**EXERCISE BRIEF**
Copy exactly. Begin with the line that contains "135cm / 135cm" and stop after the last line of the records.

====== EXERCISE DATA

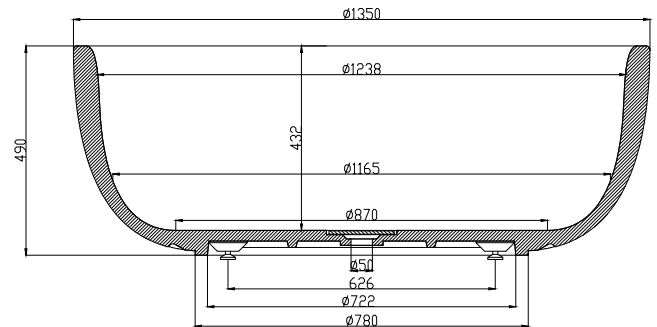

Copenhagen Bath

Bækkeskovvej
DK-2665 Vallensbæk Strand
CVR: DK32648622
Telefon: (+45) 3696 0747
contact@copenhagenbath.com
www.copenhagenbath.com

Tromsø bathtub

SKU: 40030004

Colour:	Matte white
Litre:	400 overflow
Size:	48cm / 135cm / 135cm
Weight:	150kg netto

Tromsø bathtub details:

Please note that there may be a tolerance of ± 5 mm as all products are hand sanded.

============

**WORKED SOLUTION**
Size:	48cm / 135cm / 135cm
Weight:	150kg netto

Tromsø bathtub details:

Please note that there may be a tolerance of ± 5 mm as all products are hand sanded.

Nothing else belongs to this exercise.